Morphology of the liver and fat tissues

The liver and epididymal adipose tissue were removed from each mouse. Samples were subsequently fixed in 10% paraformaldehyde in PBS and embedded in paraffin for hematoxylin and eosin (H&E) staining. Specimens were observed under a light microscope (Carl Zeiss Inc., Germany) at 200× magnification.

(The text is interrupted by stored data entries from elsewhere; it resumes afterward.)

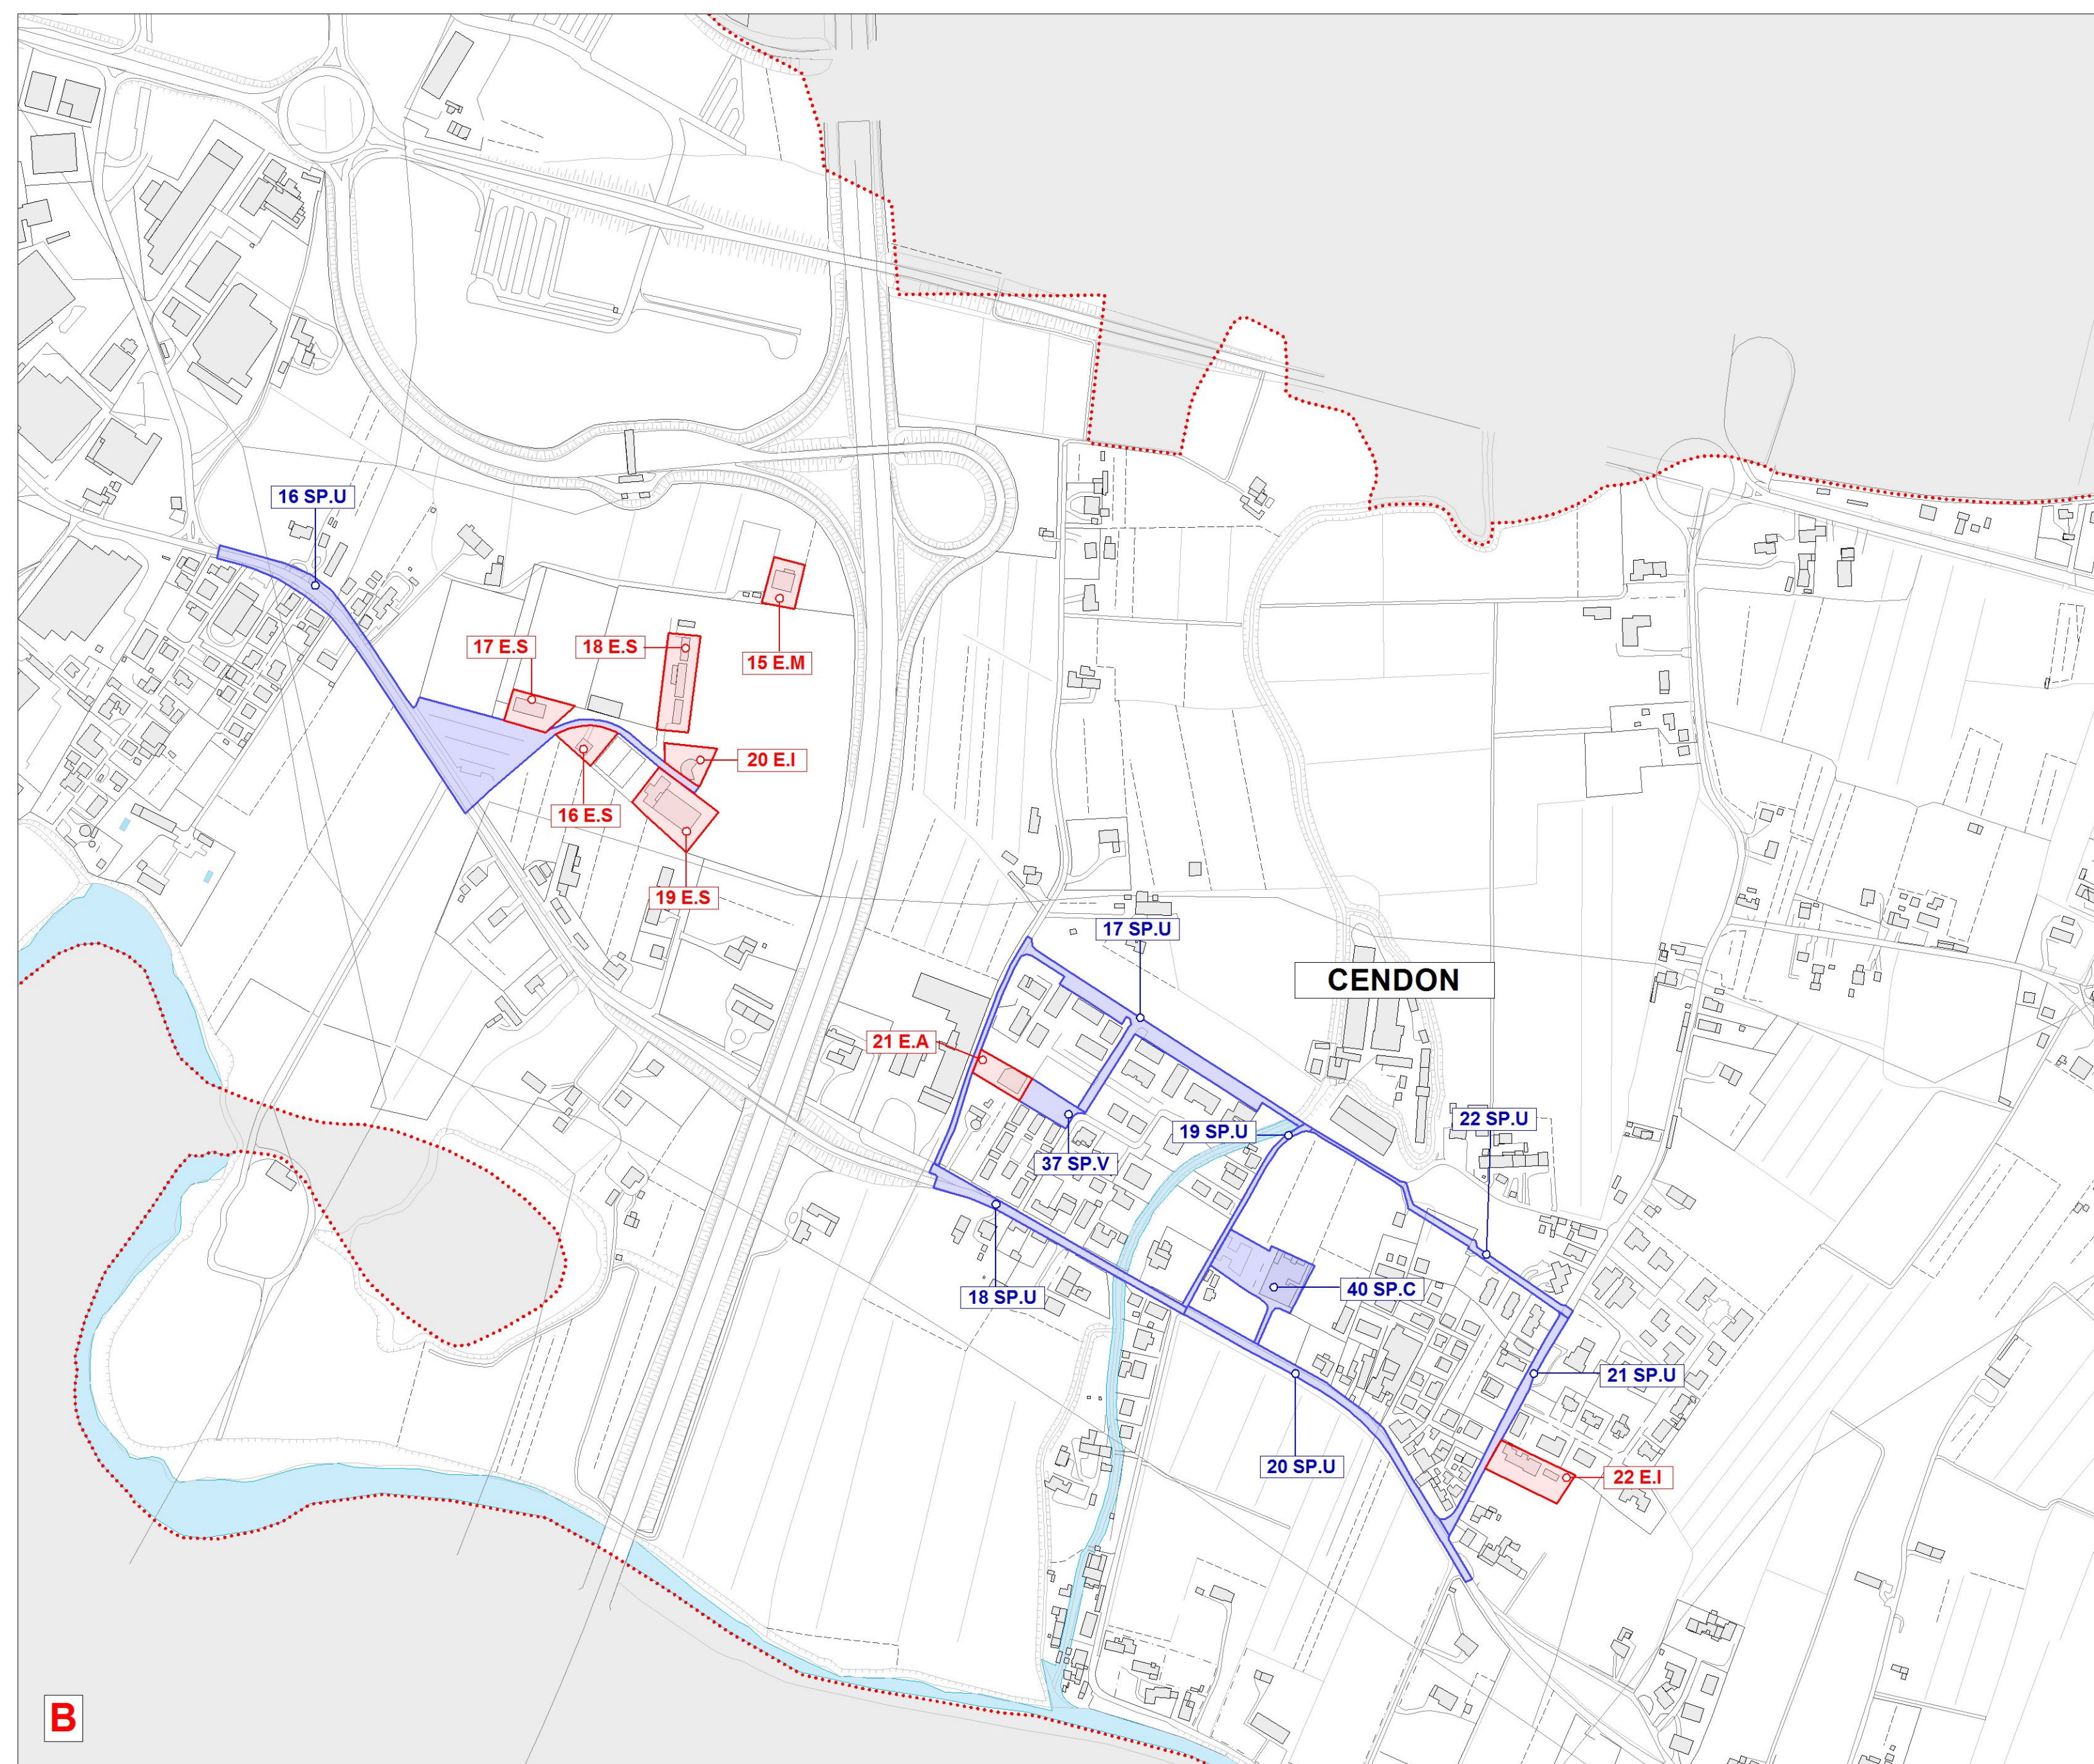

Nr Scheda	Codice edificio	Descrizione	Ubicazione
LANZAGO/SILEA			
1	SP.U	Ambito "Via Postumia/ Via Callata"	Tratto da rotatoria con Via Tiepolo a innesto con Vicolo Postumia
2	SP.U	Ambito "Via Tiepolo"	Tratto di Via Tiepolo da rotatoria fino ad innesto con Via Carducci
3	SP.U	Ambito "Via Lanzaghe I"	Tratto di Via Lanzaghe fino innesto con Via Mazzini
4	SP.U	Ambito "Via Mazzini/Via Del Parco"	Tratto di Via Mazzini / Via del Parco da innesto con via Lanzaghe a Via Treviso
5	SP.U	Ambito "Via Treviso"	Tratto di Via Treviso da innesto con Via del Parco a rotatoria con via Roma
6	SP.U	Ambito "Via Lanzaghe II"	Tratto di via Lanzaghe da innesto di Via Mazzini a rotatoria con via Roma
7	SP.U	Ambito "Via Sile"	Tratto da rotatoria con via Treviso fino al parcheggio di Via Alzaia sul Sile
8	SP.U	Ambito "Via Alzaia sul Sile"	Tratto da parcheggio Via Alzaia alla segheria fino alla Centrale Elettrica
9	SP.U	Ambito "Viale della Libertà I"	Tratto di Viale della Libertà da Via Lanzaghe a innesto con via Don. G. Minzoni
10	SP.U	Ambito "Viale della Libertà II"	Tratto di Viale della Libertà da innesto con Via Don G. Minzoni a Via Creta
11	SP.U	Ambito "Via Don G. Minzoni"	Tratto di Via Don G. Minzoni da innesto con Viale della Libertà a innesto con Via Roma
12	SP.U	Ambito "Via Roma"	Tratto di Via Roma da rotatoria con via Lanzaghe a rotatoria con Via Cendon
13	SP.U	Ambito "Via Tezze"	Tratto di Via Tezze da innesto con Via Roma a innesto con Via Creta
14	SP.U	Ambito "Via Creta"	Tratto di Via Creta da innesto con Viale della Libertà a innesto con via Nerbon
15	SP.U	Ambito "Via Madonna della Salute"	Tratto da rotatoria con Via Cendon a innesto con via Nerbon
16	SP.U	Ambito "Via Cendon I"	Tratto di Via Cendon da innesto con Via Interanti 1943-1945 a Impianti sportivi
CENDON			
17	SP.U	Ambito "Via San Pietro/Cà Memo"	Tratto di Via San Pietro fino parcheggio Centro Anziani "Al Passo" e Via Cà Memo
18	SP.U	Ambito "Via Cendon II"	Tratto di Via Cendon da innesto con Via San Pietro fino innesto con via Molino
19	SP.U	Ambito "Via Molino I"	Tratto di Via Molino da incrocio con Via Cà Memo a innesto con Via Cendon
20	SP.U	Ambito "Via Cendon III"	Tratto di Via Cendon da innesto con Via Molino fino a innesto con Via Capitello
21	SP.U	Ambito "Via Pantiera"	Tratto di via Pantiera da innesto con via Cendon a innesto con Vicolo Pantiera
22	SP.U	Ambito "Via Molino II"	Tratto da innesto con vicolo Pantiera a incrocio con Via Ca' Memo a
SANT'ELENA			
23	SP.U	Ambito "Via Pozzetto I"	Tratto di Via Pozzetto da incrocio con via Sant'Elena a innesto con Via Cimitero
24	SP.U	Ambito "Via Don Sturzo"	Tratto di Via Don Sturzo da innesto con via Gramsci a innesto con Via Sant'Elena
25	SP.U	Ambito "Via Gobetti"	Tratto di Via Gobetti da innesto con Via Pozzetto a innesto con Via Sant'Elena
26	SP.U	Ambito "Via Pozzetto II"	Tratto di Via Pozzetto da innesto con via Cimitero fino incrocio con Via Claudia Augusta
27	SP.U	Ambito "Via Sant'Elena I"	Tratto di Via Sant'Elena da incrocio con via Pozzetto a innesto con Via Don Sturzo
28	SP.U	Ambito "Via Sant'Elena II"	Tratto di Via Sant'Elena da innesto con Via Don Sturzo a innesto con Via Cimitero
CANTON			
29	SP.U	Ambito "Via Sant'Elena III"	Tratto da incrocio con Via Cimitero a innesto con via Belvedere
30	SP.U	Ambito "Via Belvedere"	Tratto da innesto con via Sant'Elena a innesto con ciclabile Via Claudia Augusta
31	SP.U	Ambito "Via Pozzetto IV"	Tratto da incrocio con via Claudia Augusta a Via Franceniga
32	SP.U	Ambito "Via Pozzetto V"	Tratto da innesto con via Franceniga al confine con Roncade
FRANCENIGA			
33	SP.V	Parco dei Moreri	Via Del Parco, Silea
34	SP.V	Area a verde attrezzato	Via Don G. Minzoni, Silea
35	SP.V	Area a verde attrezzato	Piazzetta Madonna della Salute, Silea
36	SP.V	Parco della Centrale Elettrica	Via Alzaia sul Sile
37	SP.V	Area a verde attrezzato	Via Cà Memo, Cendon
38	SP.V	Area a verde attrezzato	Via Santa Lucia, Sant'Elena
39	SP.C	Area Cimiteriale	Via Creta, Silea
40	SP.C	Area Cimiteriale	Via Molino, Cendon
41	SP.C	Area Cimiteriale	Via Cimitero, Sant'Elena

LEGENDA

n. Schede Edifici Pubblici

ELENCO EDIFICI PUBBLICI COMUNE DI SILEA (TV)

Nr Scheda	Codice edificio	Descrizione	Ubicazione
SILEA - LANZAGO			
1	E.A	Centro Sociale "Carlo Tamal"	Via Roma n.85
2	E.S	Pala Parco Silea Pattinodromo	Via Del Parco n.9
3	E.A	Ex Biblioteca ora sede AVIS e Informagiovani	Via Salvo D'Acquistio n.5
4	E.M	Carabinieri Stazione di Comando di Silea	Via Roma n.75
5	E.M	Biblioteca dei Liberi Pensatori	Via Don G. Minzoni n.14
6	E.A.S	Centro Educativo Occupazionale Diurno CEOD	Via Don G. Minzoni n.16
7	E.M	Sede Municipale e Sala Consiliare	Via Don G. Minzoni n.12
8	E.I	Segreteria Istituto Comprensivo Statale Silea	Via Tezze n.3
9	E.I	Scuola Secondaria di Primo Grado Marco Polo con Palestra	Via Tezze n.3
10	E.I	Scuola Primaria "Antonio Vivaldi" con Palestra	Via Roma n.77
11	E.A.S	Casa per Anziani "Fondazione Villa D'Argento"	Viale della Libertà n.22
12	E.A	Centro Anziani Silea c/o Parco dei Moreri	Via Del Parco
13	E.I	Scuola Primaria "Giambattista Tiepolo"	Via Tiepolo n.4
14	E.S	Palestra Comunale	Via Tiepolo
15	E.M	Magazzino Comunale	Via Cendon 15/C
16	E.S	Segreteria e Spogliatoi Scuola Tennis e alloggio custode	Via Cendon n.23
17	E.S	Spogliatoi A.S.D. Rugby Silea	Via Cendon n.23
18	E.S	Tribune e Spogliatoi Stadio di Calcio	Via Cendon n.25
19	E.S	PalaSilea	Via Cendon n.23
20	E.I	Scuola di Musica "Andrea Luchesi"	Via Cendon n.23/B
CENDON			
21	E.A	Centro Anziani Cendon Circolo ACU Pensionati "Al Passo"	Via Cà Memo n.12
22	E.I	Scuola per l'infanzia "Il Girotondo"	Via Pantiera n.6

Nr Scheda	Codice edificio	Descrizione	Ubicazione
SANT'ELENA			
23	E.M	Sala Riunioni Sant'Elena	Via Santa Lucia n.2
24	E.I	Scuola Primaria "Elena Lucrezia Cornaro"	Via Pozzetto 19/B
25	E.M	Museo della Pesca (Piano Terra Ex Scuola Elementare di Sant'Elena)	Via Pozzetto n.55
26	E.M	Ex Scuola Elementare di Sant'Elena (porzione ora in disuso)	Via Pozzetto n.55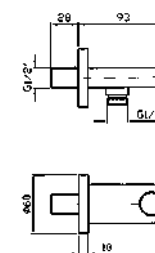

PRESA ACQUA
Da 1/2"x1/2" per gruppo incasso.

Wall elbow 1/2"x1/2".

Z93807

cromo - chrome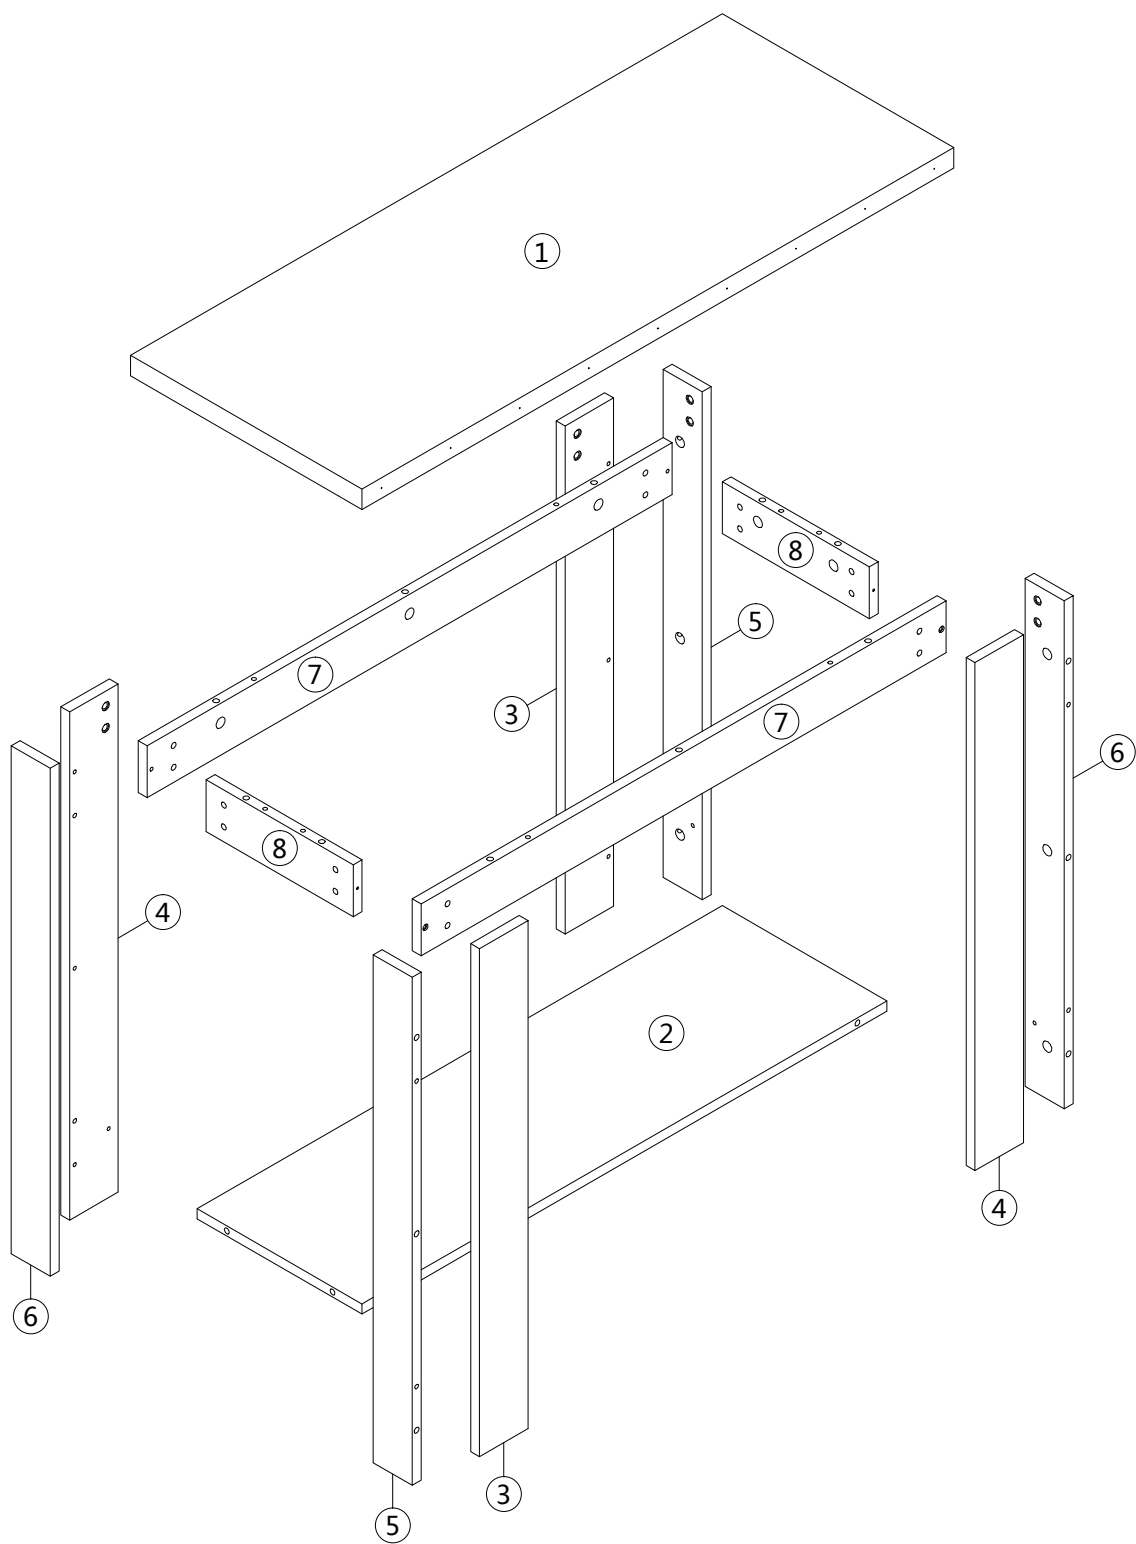

ASSEMBLY INSTRUCTIONS  
INSTRUCTIONS D'ASSEMBLAGE

CONSOLE TABLE BROWN RECLAIMED WOOD 1 SHELF  
TABLE CONSOLE BOIS BRUN RÉCUPÉRÉ 1 ÉTAGÈRE

						
	φ15x9mm	4x40mm	6x30mm	6x25mm		
<b>A</b> 30PCS	<b>B</b> 30PCS	<b>C</b> 6PCS	<b>D</b> 16PCS	<b>E</b> 16PCS	<b>F</b> 9PCS	<b>G</b> 8PCS
						
φ20mm	3x14mm			6x30mm		
<b>H</b> 12PCS	<b>I</b> 2PCS	<b>J</b> 4PCS	<b>K</b> 2PCS	<b>L</b> 2PCS		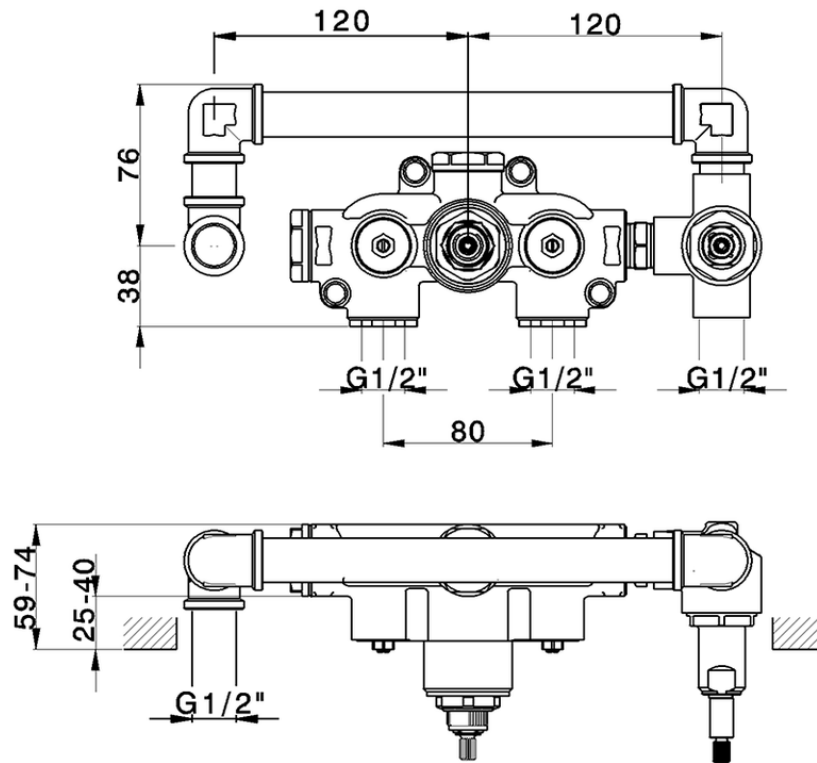

## Parte externa termostático ducha emp. 2 salidas CHRONOS\_CR019641

CR019641

<https://es.huberitalia.com/parte-externa-termostatico-ducha-emp-2-salidas-chronos-cr019641>

ZB019340

<https://es.huberitalia.com/parte-empotrada-termostatico-ducha-2-salidas-empotrado-zb019340>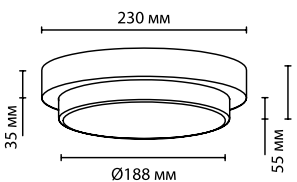

2744/3C, 2746/3C
3 x E14 x 40W
крепеж: основание

2744/2C, 2746/2C
2 x E14 x 40W
крепеж: основание

2744/1C, 2746/1C
1 x E14 x 40W
крепеж: основание

Hepatic-steatosis, and plasma lipids index detection

The total plasma triglyceride (TG), total cholesterol (TC), HDL-cholesterol (HDL-C), glutamic oxaloacetic transaminase (GOT), glutamic pyruvic transaminase (GPT), and Lipase (LIP) levels were detected using enzymatic assay kits and a FUJI DRI-CHEM analyzer (Fujifilm, Tokyo, Japan). The non–HDL-C level was calculated as [(total cholesterol) - (HDL-C) - (TG/5)]. For hepatic-steatosis analysis, a lipid extraction kit from BioVision, USA (Cat. K216–50) was used to extract lipids in liver tissues in accordance with the manufacturer’s protocol. Hepatic triglyceride and cholesterol were determined in the liver tissue by using triglyceride and cholesterol quantitation assay kits from Abcam, UK (Cat. ab65336 and ab65359), respectively, according to the manufacturer’s instruction.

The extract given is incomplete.